→ PROBLEM STATEMENT
Each line of the listing that includes the string "オーク色" is to be identified and copied.

(DATASET ENTRIES Opens)

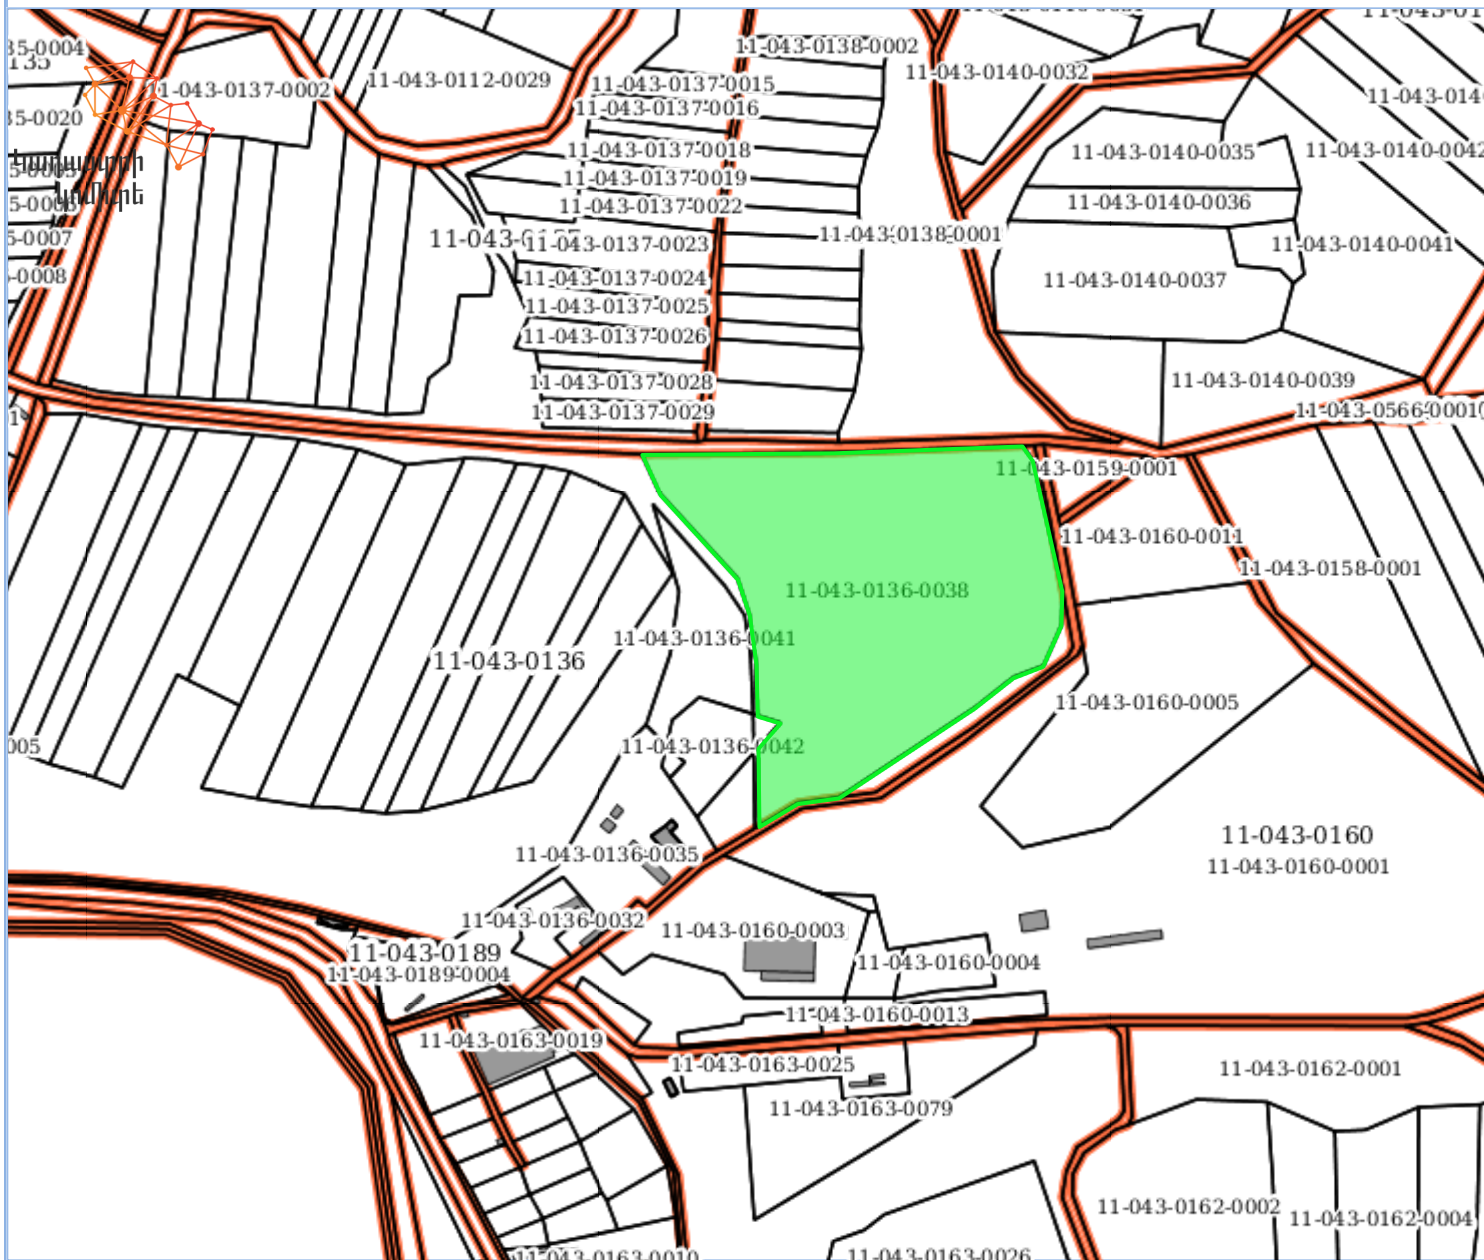

Քարտեզի դիտում

Armenia GK-8

Lat : 41.226793 Lon : 44.906050
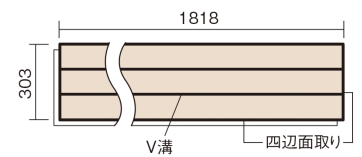

この線の長さが100mmの時、床材は原寸大で表示されています。

フィットフローアー

オーク色(オーク突き板)

KEFV33EY 11,770円(税抜10,700円)/ケース(1.65㎡)

■平面図(mm)

幅303mm 長さ1818mm 総厚12mm

※この資料は拡大・縮小なしで印刷した場合に、ほぼ原寸になるように作成していますが、プリンタの設定などにより実寸にならない場合があります。
※掲載価格は希望小売価格です。工事費は含まれておりません。実物とは色柄が異なりますので、現物の商品サンプルなどでお確かめください。

コーディネートしやすい、ベーシックな突き板フローア-です。

フィットフローア-

オーク色(オーク突き板) **KEFV33EY** **11,770円**(税抜10,700円)/ケース(1.65㎡)

サイズ	幅303mm 長さ1818mm 総厚12mm
表面仕上げ	スタンダード塗装(抗菌)
基材	フィットボード(裏面防湿シート貼り)
表面材	オーク突き板
防音性能/軽量 床衝撃音遮音等級	-
梱包入数	1ケース3枚入(1.65㎡)

■平面図(mm)

■断面図(mm)

F☆☆☆☆ 4VOC基準適合(木質建材)

●「エコ配慮」とは、木質系の再生資源及びパナソニック独自基準に基づく、再生可能な森林から産出された木材(森林認証材、植林材、国産材など)を使用していることを表しています。

※1 表面保護のためワックスもかけられますが、床材表面の塗膜性能は発揮できなくなります。

※2 球状及び金属製キャスターや、小径のキャスター付き家具はご使用をお避けください。へこみや傷が発生する場合があります。
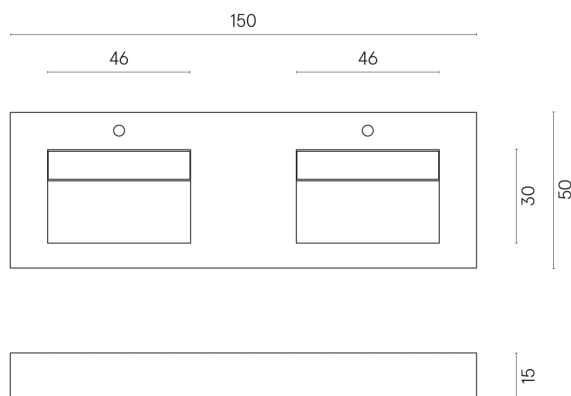

SCHEDA DI CONFIGURAZIONE

Cod. art.: 620810000005

Fly

Washbasin Duo 150

Rivestimento del
prodotto
Metropolis Absolut
Silver Matt

I colori e le altre caratteristiche estetiche delle piastrelle presenti nelle illustrazioni presenti sul sito sono puramente indicativi. Guarda sempre i campioni di persona prima dell'acquisto.

(DATASET ENTRIES Closes)

→ EXERCISE ANSWER
オーク色(オーク突き板)
オーク色(オーク突き板) **KEFV33EY** **11,770円**(税抜10,700円)/ケース(1.65㎡)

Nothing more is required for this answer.